Cluster interpretation:
The dendrogram and cluster profiles naturally reveal shopping personas or product categories — e.g., a dairy + staples cluster, a snack/beverage cluster, a fresh produce cluster, etc. These groupings can guide store layout, shelf placement, and targeted coupon campaigns.

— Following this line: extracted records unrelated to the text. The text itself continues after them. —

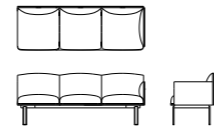

## SOFT SEATING TONO

<b>Tono B1</b>	60 x 60 x 43 cm	23.6 x 23.6 x 16.9 in	
<b>Tono B2</b>	120 x 60 x 43 cm	47.2 x 23.6 x 16.9 in	
<b>Tono B3</b>	180 x 60 x 43 cm	70.9 x 23.6 x 16.9 in	
<b>Tono S1</b>	60 x 62 x 73 cm	23.6 x 24.4 x 28.7 in	
<b>Tono S2</b>	120 x 62 x 73 cm	47.2 x 24.4 x 28.7 in	
<b>Tono S3</b>	180 x 62 x 73 cm	70.9 x 24.4 x 28.7 in	
<b>Tono S1BD</b>	61.5 x 62 x 73 cm	24.2 x 24.4 x 28.7 in	
<b>Tono S2BD</b>	121.5 x 62 x 73 cm	47.8 x 24.4 x 28.7 in	
<b>Tono S3BD</b>	181.5 x 62 x 73 cm	71.5 x 24.4 x 28.7 in	

# SOFT SEATING TONO

**Tono S1BI**

61.5 x 62 x 73 cm 24.2 x 24.4 x 28.7 in

**Tono S2BI**

121.5 x 62 x 73 cm 47.8 x 24.4 x 28.7 in

**Tono S3BI**

181.5 x 62 x 73 cm 71.5 x 24.4 x 28.7 in

**Tono S1B**

63 x 62 x 73 cm 24.8 x 24.4 x 28.7 in

**Tono S2B**

123 x 62 x 73 cm 48.4 x 24.4 x 28.7 in

**Tono S3B**

183 x 62 x 73 cm 72 x 24.4 x 28.7 in
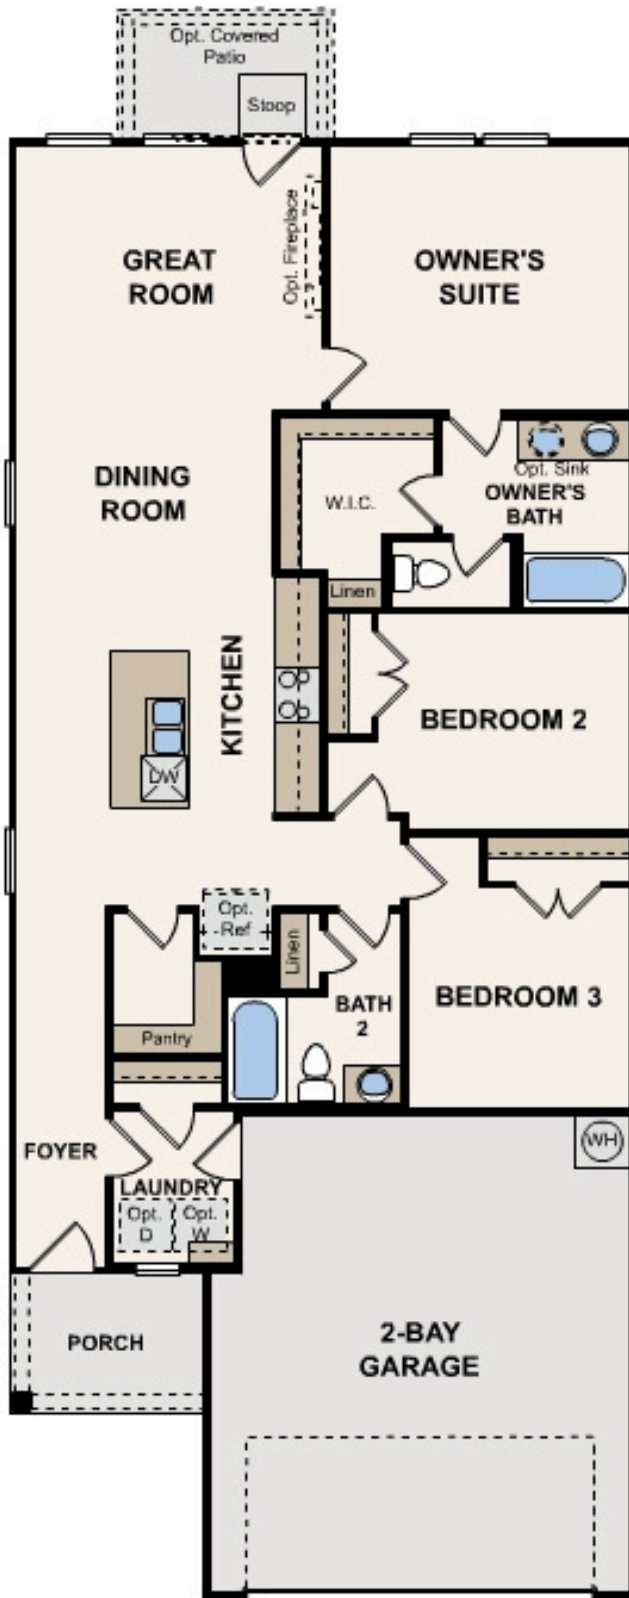

The Meadows at Stallion Run

Maverick | 1388 | *From \$289,990*

APPROX. 1,388 SQ. FT. | 1-STORY | 3 BEDS | 2 BATHS | 2-BAY GARAGE

Elevation A

Elevation B

Elevation C

Prices, plans, and terms are effective on the date of publication and subject to change without notice. Square footage/dimensions shown is only an estimate and actual square footage/dimensions will differ. Buyer should rely on his or her own evaluation of usable area. Depictions of homes or other features are artist conceptions. Hardscape, landscape, and other items shown may be decorator suggestions that are not included in the purchase price and availability may vary. ©06/2025 Century Communities, Inc.

OPT. OWNER'S SHOWER

OPT. FAU CLOSET

Prices, plans, and terms are effective on the date of publication and subject to change without notice. Square footage/dimensions shown is only an estimate and actual square footage/dimensions will differ. Buyer should rely on his or her own evaluation of usable area. Depictions of homes or other features are artist conceptions. Hardscape, landscape, and other items shown may be decorator suggestions that are not included in the purchase price and availability may vary. ©06/2025 Century Communities, Inc.
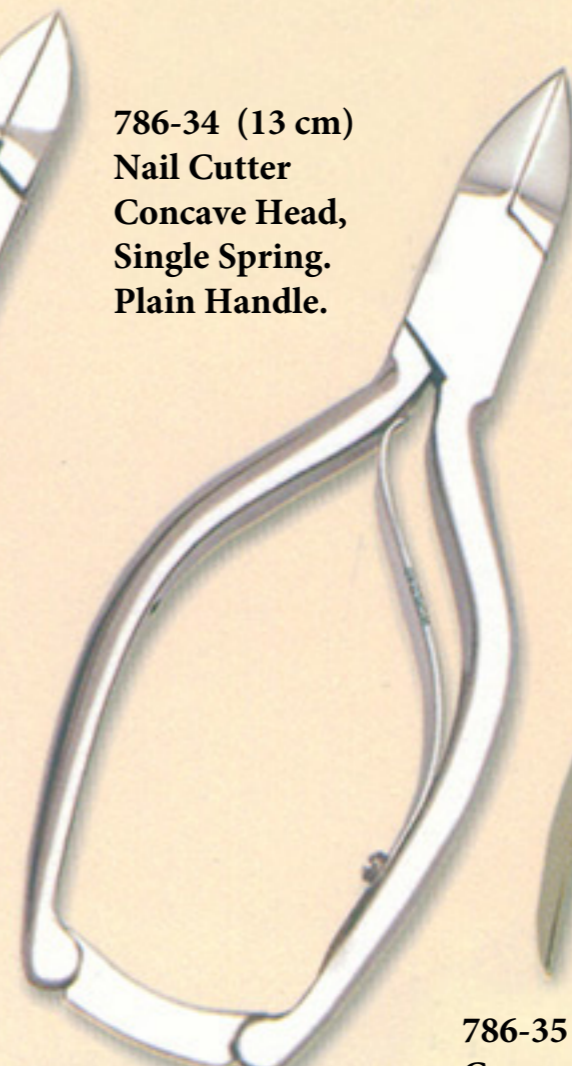

786-34 (13 cm)
Nail Cutter
Concave Head,
Single Spring.
Plain Handle.

786-35 (13 cm)
Corner Nail Cutter
Round point ,
Single Spring
With Painted Tip,
Carbon Steel.
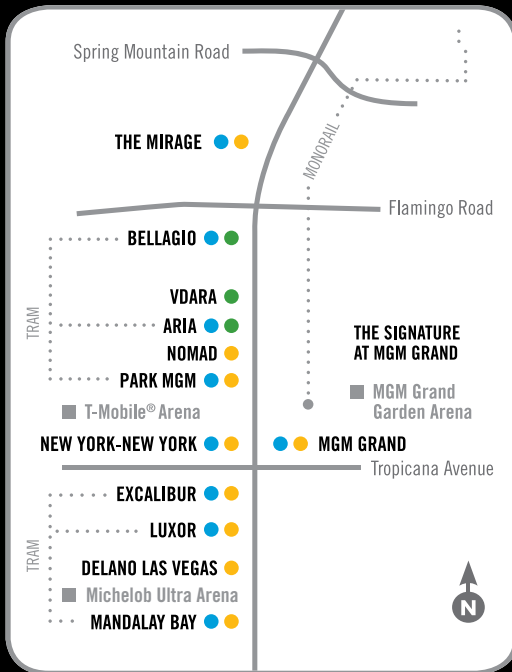

SELF PARKING

MANDALAY BAY
RESORT AND CASINO, LAS VEGAS

LUXOR

0 to 60 minutes	No charge
Over 1 to 4 hours	$15
Over 4 to 24 hours	$18
Over 24 hours	$18

(Daily rate for each additional day or fraction thereof)

NEVADA RESIDENTS receive first 3 hours of self-parking, except during special events, at no charge with valid NV driver's license and are subject to stated rates thereafter.

MGM REWARDS DESTINATIONS

Prices may be higher during special events.
Fees subject to change. Lost ticket subject to fee of $30 per day.

VALET PARKING

	MON – THUR	FRI – SUN
0 to 2 hours	$21	$25
Over 2 to 4 hours	$25	$30
Over 4 to 24 hours	$30	$35
Over 24 hours	$30	$35

(Daily rate for each additional day or fraction thereof)

CREDIT CARD AND CONTACTLESS PAYMENT ONLY

Valet prices based on day of arrival for 24 hours or less. After 24 hours, prices reset to applicable flat daily rates which change on weekends.

VALET PARKING

MANDALAY BAY
RESORT AND CASINO, LAS VEGAS

LUXOR

	MON – THUR	FRI – SUN
0 to 2 hours	$18	$20
Over 2 to 4 hours	$22	$24
Over 4 to 24 hours	$26	$30
Over 24 hours	$26	$30

(Daily rate for each additional day or fraction thereof)

CREDIT CARD AND CONTACTLESS PAYMENT ONLY

Valet prices based on day of arrival for 24 hours or less. After 24 hours, prices reset to applicable flat daily rates which change on weekends.
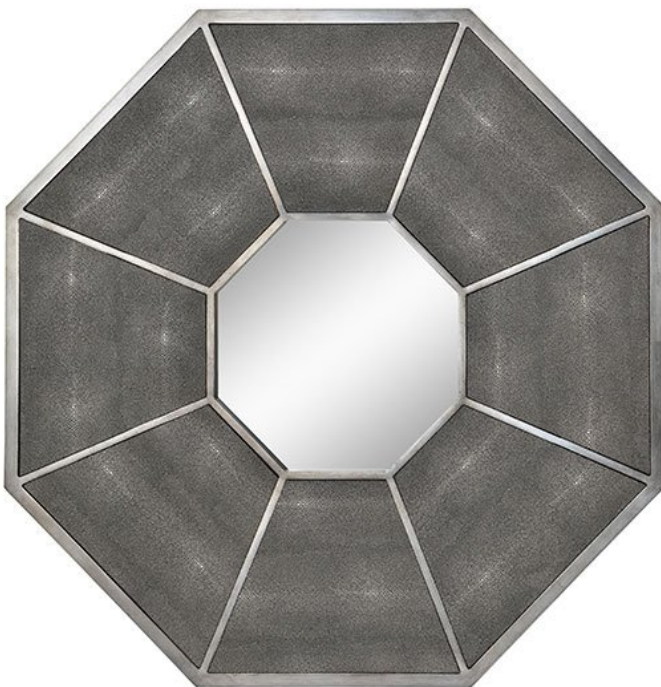

FOUNDATION

www.foundationhospitality.com

954-567-2800 • 1-(800)-627-3223

5470 NW 10TH TERRACE, FORT LAUDERDALE, FLORIDA 33309

Moro

ITEM 4822P

Octagon, Grey Shagreen faceted framed mirror
Techno Details Size: 48" w x 48" h **Frame Size:**
15" W x 2" D **Finish:** Antique bronze frame & grey
leather **Material:** PU

6. Summary & Business Insights

Association Rules

  1. High-lift pairs (lift > 5) represent the strongest cross-sell opportunities — products that are bought together far more than chance would predict.
  2. Whole milk is a hub item appearing in many consequents; bundling promotions around it will reach a large share of shoppers.
  3. Rules with higher confidence (> 0.5) are reliable enough to power recommendation engines at the point of sale.

Clustering

  1. Hierarchical clustering groups items by co-purchase similarity, revealing natural product neighborhoods that can inform store layout and category management.
  2. Items in the same cluster that are not already linked by a strong association rule are underexploited cross-sell opportunities worth investigating.

Analysis performed in R using arules, arulesViz, and base hierarchical clustering.